I’m also the “ops” guy handling everything in AWS, setting up and maintaing databases, making sure the “DevOps” works and the frontend and analytics people can do their work with little friction. 99% of the time things work just fine. No data is lost. The systems very rarely have unforeseen downtime and the users can access the data they want with acceptable latency rarely exceeding 500ms.
A couple of times a year I assess the status of the architecture and set up new environments from scratch and update any documentation that has drifted. This is also a good time to do changes and add or remove constraints in anticipation of future business needs.
In short, the current tech stack that has evolved over a couple of years is:
- Everything hosted on Amazon Web Services (AWS).
- AWS managed Elastic Kubernetes Service (EKS) currently on K8s 1.18.
- GitHub Actions for building Docker images for frontends, backends and other systems.
- AWS Elastic Container Registry for storing Docker images.
- Deployment of each system defined as a Helm chart alongside source code.
- Actual environment configuration (Helm values) stored in repo along source code. Updated by GitHub Actions.
- ArgoCD in cluster to manage status of all environments and deployments. Development environments usually automatically deployed on change. Push a button to deploy to Production.
- Prometheus for storing metrics from the cluster and nodes itself as well as custom metrics for our own systems.
- Loki for storing logs. Makes it easier to retrieve logs from past Pods and aggregate across multiple Pods.
- Elastic APM server for tracing.
- Pyroscope for live CPU profiling/tracing of Go applications.
- Betteruptime.com for tracking uptime and hosting status pages.
I might write up a longer post about the details if anyone is interested.
The (initial) problem
A week ago I upgraded our API from version 1, that was deployed in January, to version 2 with new features and better architecture.
One of the endpoints of the API returns an analysis of an object we track. I have previously reduced the amount of database queries by 90% but it still requires about 50 database calls from three different databases. Getting and analyzing the data usually completes in about 3-400 milliseconds returning an 11.000 line JSON.

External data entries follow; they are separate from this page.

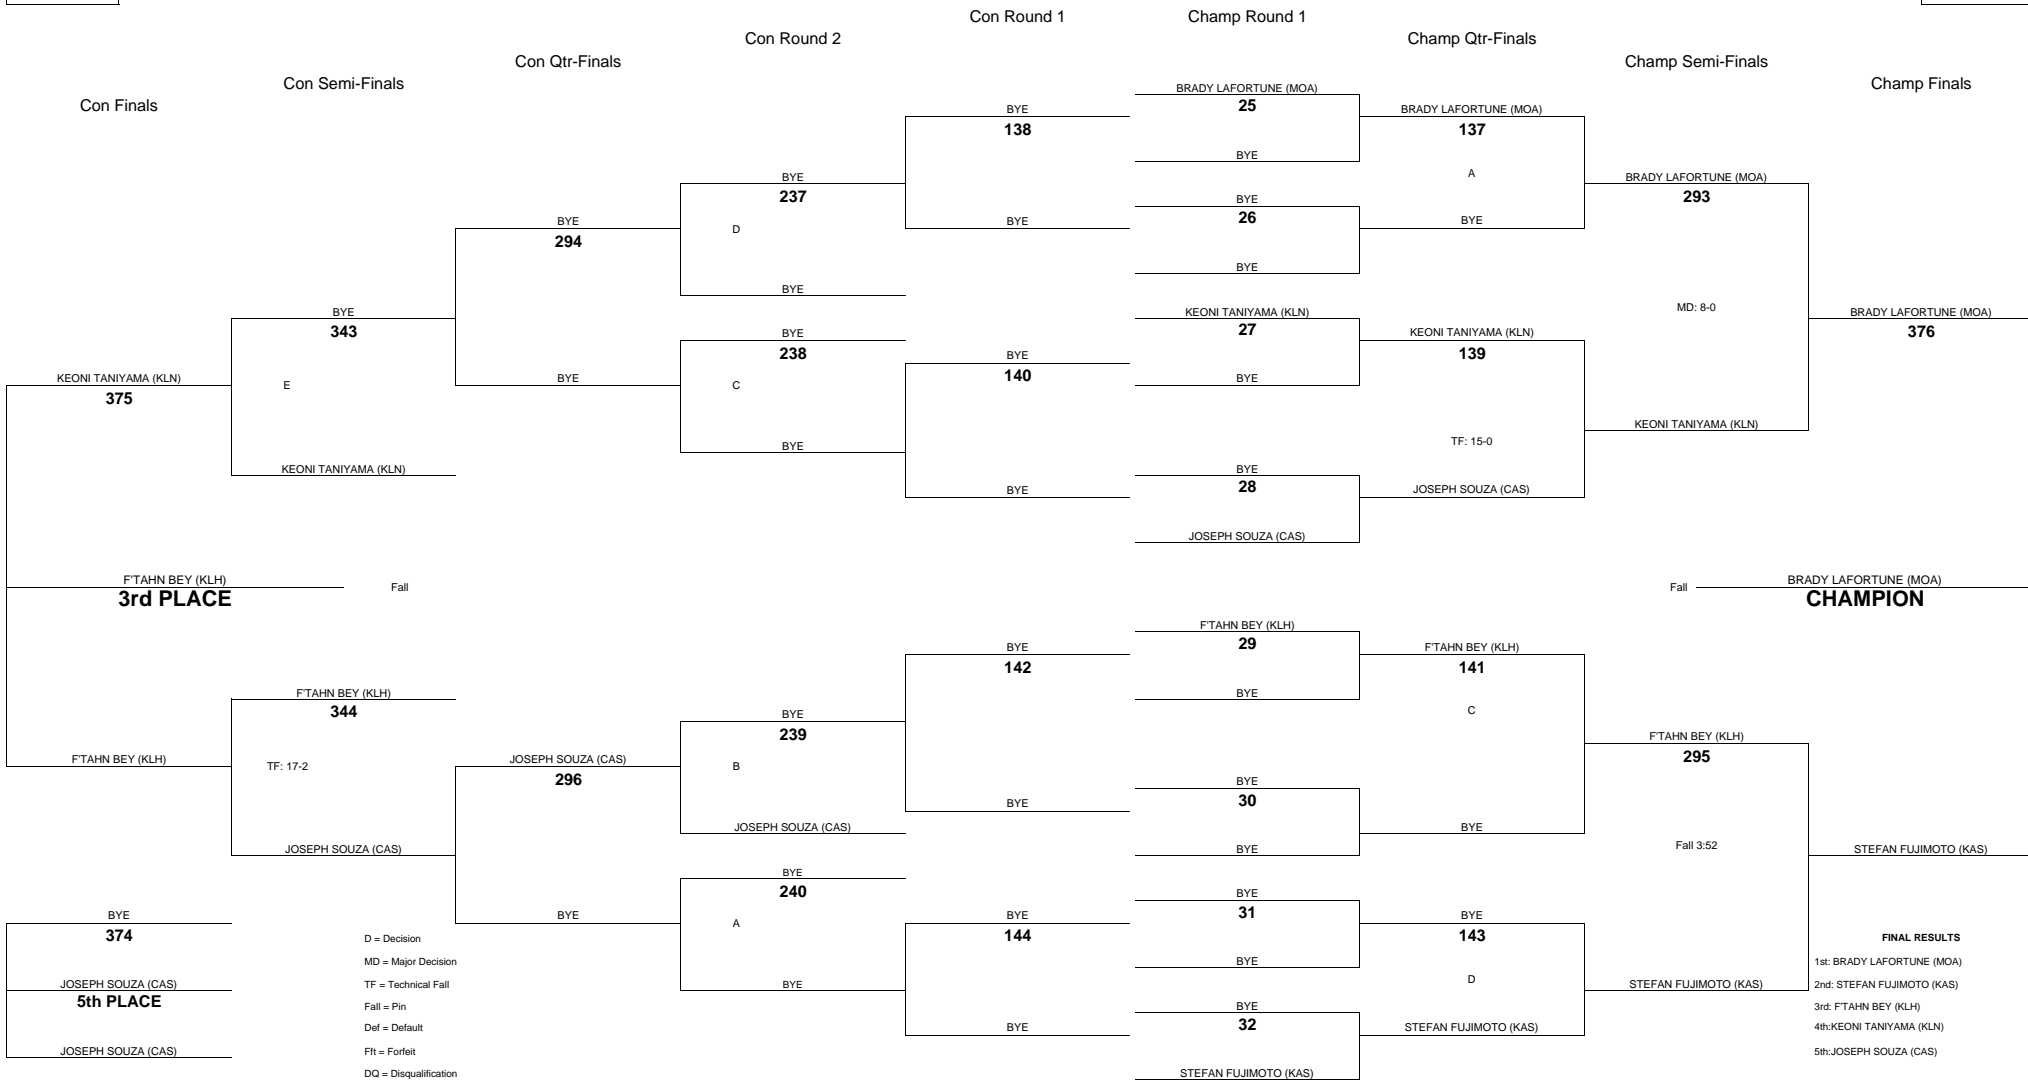

2010 OIA - EASTERN DIVISION VARSITY BOYS WRESTLING CHAMPIONSHIPS

WEIGHT CLASS
125

WEIGHT CLASS
125
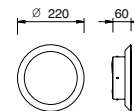

3 x 3 W, LED
weiß / white
A38019.46

3 x 1 W, LED
rot / red
A38020.46

blau / blue
A38021.46
grün / green
A38022.46

It’s also possible to just call /objects/analysis
to get the analysis for all the 500 objects we are tracking. It takes 20 seconds but is meant for exports to other processes and not interactive use, so not a problem.
Since the product is under very active development the frontend guys just download the whole analysis for an object to show certain relevant information to users. It’s too early to decide on which information is needed more often and how to optimize for that. Not a problem.

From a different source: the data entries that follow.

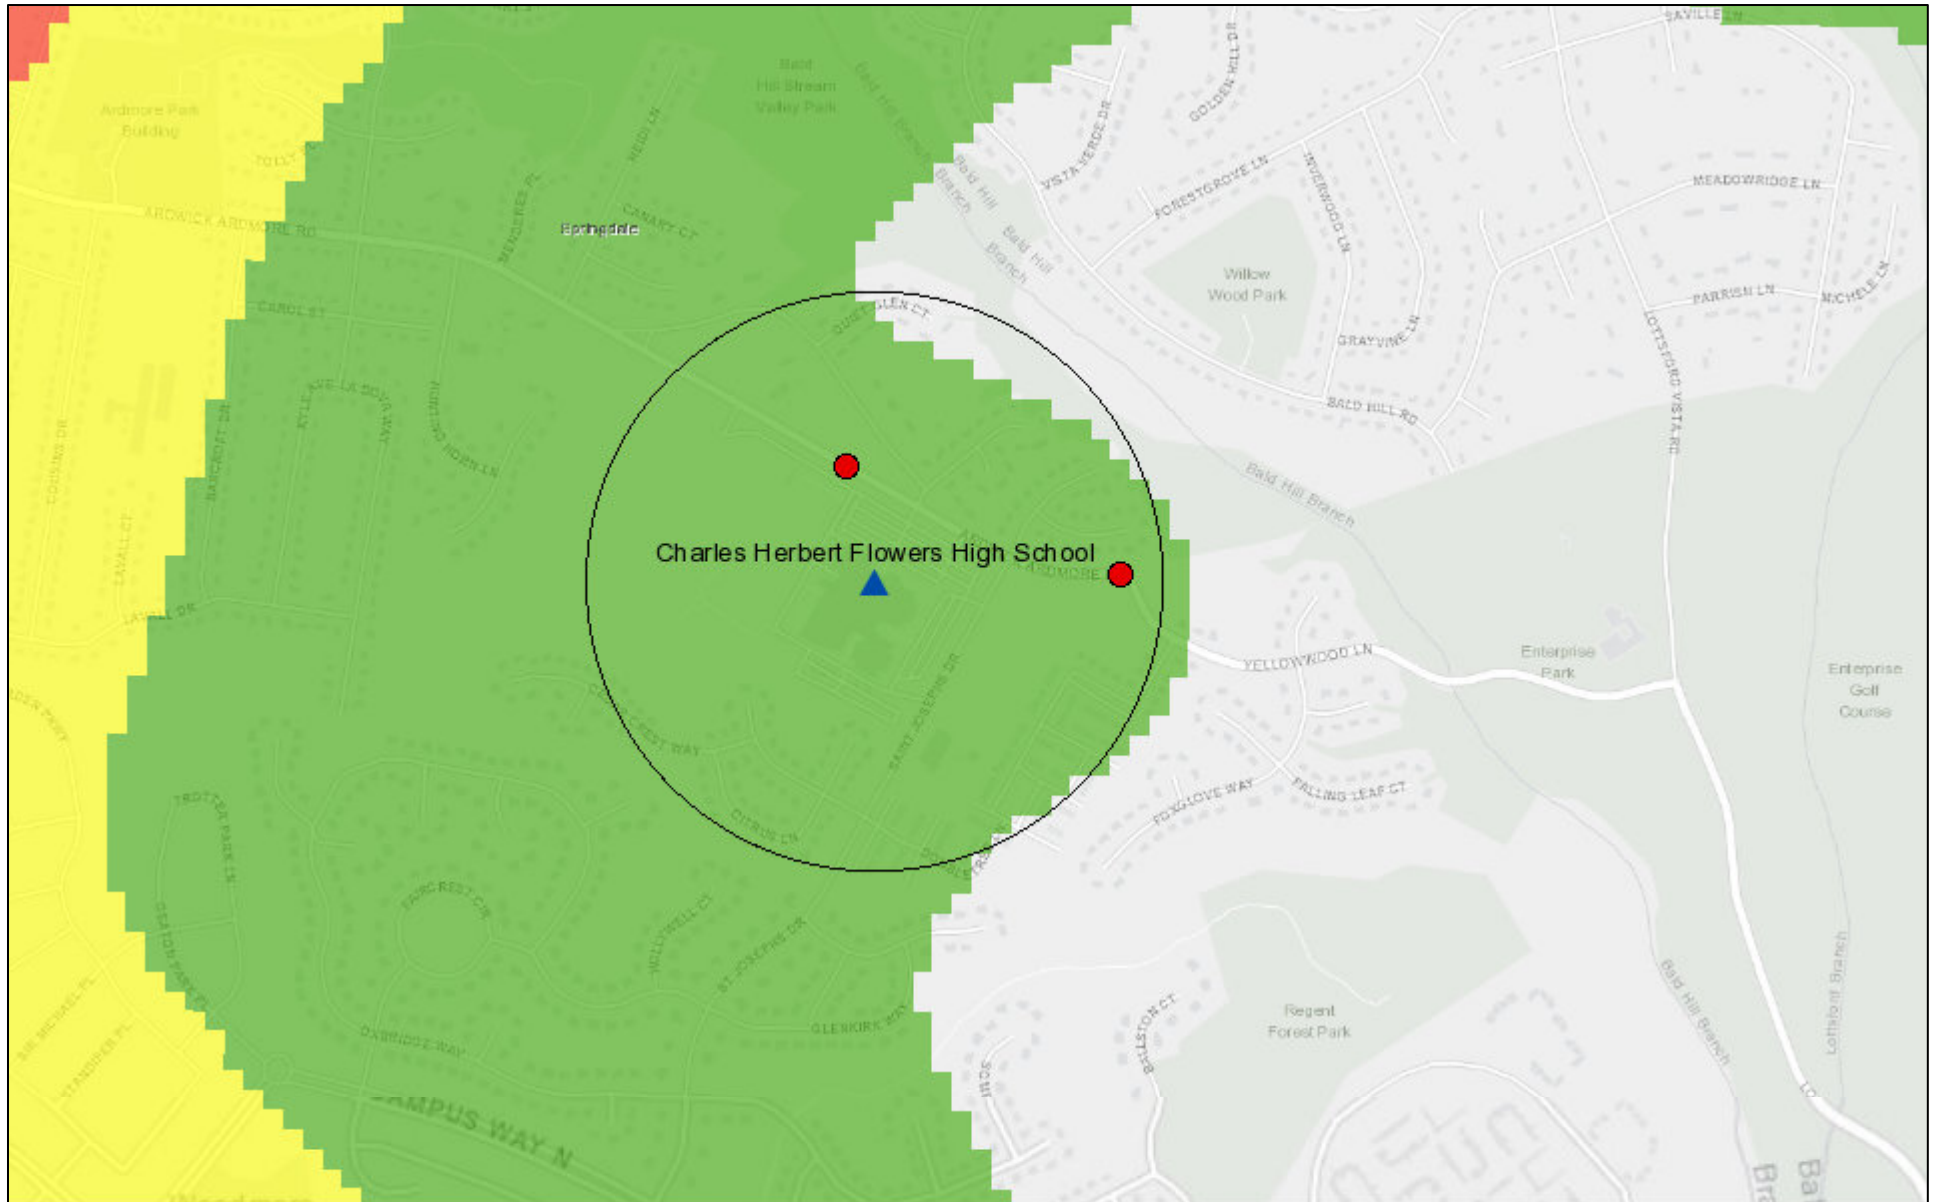

Raven Webmap — Charles Herbert Flowers High School

February 22, 2018

- Prince George's County Pedestrian (on foot) Crashes
- Public School: High School Buffer
- ▲ Public School: High School
- Low
- Medium
- High

Esri, HERE, DeLorme, MapmyIndia, © OpenStreetMap contributors, and the GIS user community
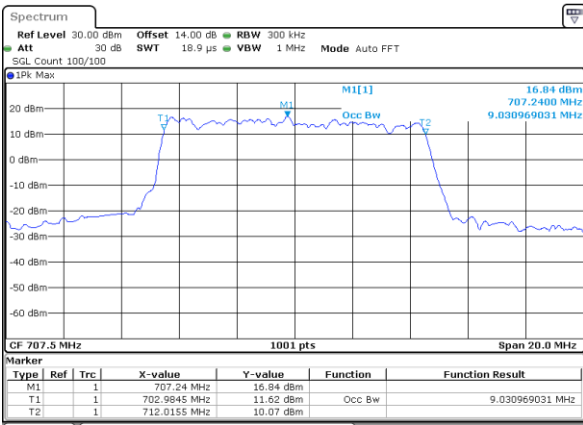

Date: 28.OCT.2022 18:09:47

Middle Channel / 5MHz / 16QAM

Date: 28.OCT.2022 18:09:23

Highest Channel / 5MHz / QPSK

Date: 28.OCT.2022 18:13:22

Highest Channel / 5MHz / 16QAM

Date: 28.OCT.2022 18:13:46

LTE Band 12

Lowest Channel / 10MHz / QPSK

Date: 28.OCT.2022 18:22:22

Lowest Channel / 10MHz / 16QAM

Date: 28.OCT.2022 18:22:46

Middle Channel / 10MHz / QPSK

Date: 28.OCT.2022 18:31:35

Middle Channel / 10MHz / 16QAM

Date: 28.OCT.2022 18:31:12

Highest Channel / 10MHz / QPSK

Date: 28.OCT.2022 18:35:10

Highest Channel / 10MHz / 16QAM

Date: 28.OCT.2022 18:35:34

LTE Band 12

Lowest Channel / 1.4MHz / 64QAM

Date: 29 OCT 2022 11:05:18

Lowest Channel / 3MHz / 64QAM
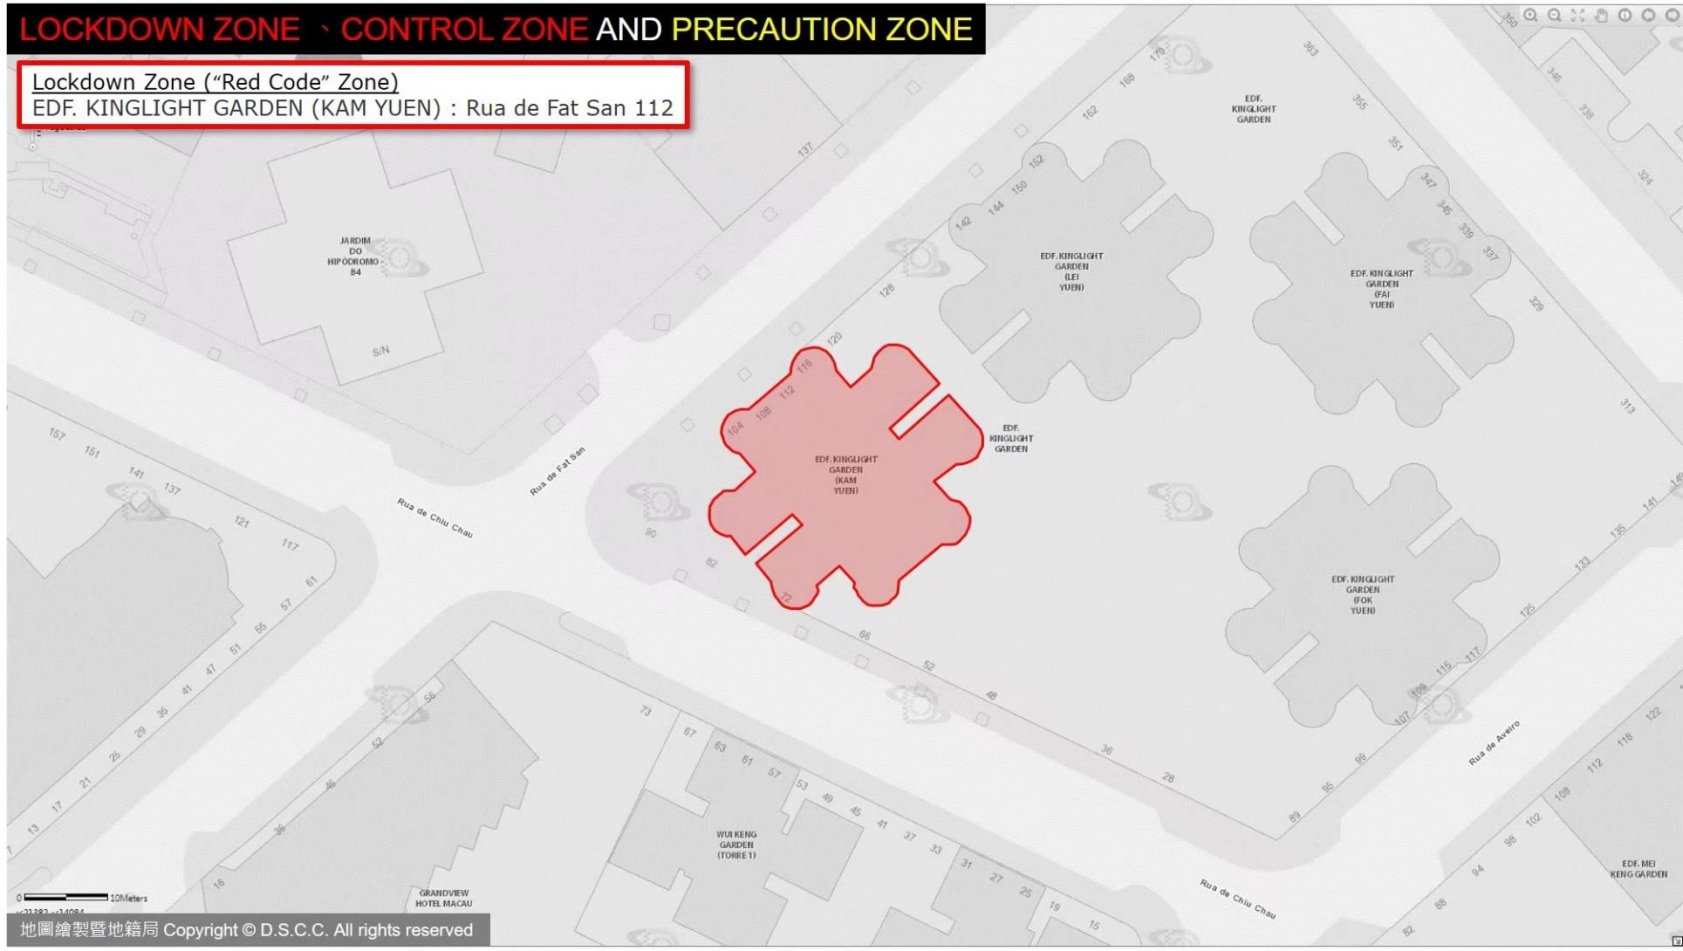

LOCKDOWN ZONE · CONTROL ZONE AND PRECAUTION ZONE

Lockdown Zone ("Red Code" Zone)
EDF. KAT CHEONG:
Rua Dois do Bairro Iao Hon 65-71, Rua Sete do Bairro Iao Hon 25-37,
Rua Um do Bairro Iao Hon 64-70

LOCKDOWN ZONE · CONTROL ZONE AND PRECAUTION ZONE

Lockdown Zone ("Red Code" Zone)

EDF. KINGLIGHT GARDEN (KAM YUEN) : Rua de Fat San 112

LOCKDOWN ZONE · CONTROL ZONE AND PRECAUTION ZONE

Lockdown Zone ("Red Code" Zone)

EDF. HONG TAI: Rua Nove do Bairro Iao Hon 8, Rua Oito do Bairro Iao Hon, Rua Um do Bairro Iao Hon 81

LOCKDOWN ZONE - CONTROL ZONE AND PRECAUTION ZONE

Lockdown Zone ("Red Code" Zone)

MERRY COURT:

Nova à Guia 23, Estrada do Visconde de S. Januário 14

So we need an overview of some fields from multiple objects in a dashboard / list. We can easily pull analysis from 20 objects without any noticable delay.
But what if we just want to show more, 50? 200? 500? The frontend already have the IDs for all the objects and fetches them from /objects/id/analysis
. So they loop over the IDs and fire of requests simultaneously.
Analyzing the network waterfall in Chrome DevTools indicated that the requests now took 20-30 seconds to complete! But looking closer most of the time they were actually queued up in the browser. This is because Chrome only allows 6 concurrent TCP connection to the same origin when using HTTP1 (https://developers.google.com/web/tools/chrome-devtools/network/understanding-resource-timing).
Fixing the (initial) problem
HTTP2 should fix this problem easily. By default HTTP2 is disabled in nginx-ingress. I add a couple of lines enabling it and update the Helm deployment of the ingress controller.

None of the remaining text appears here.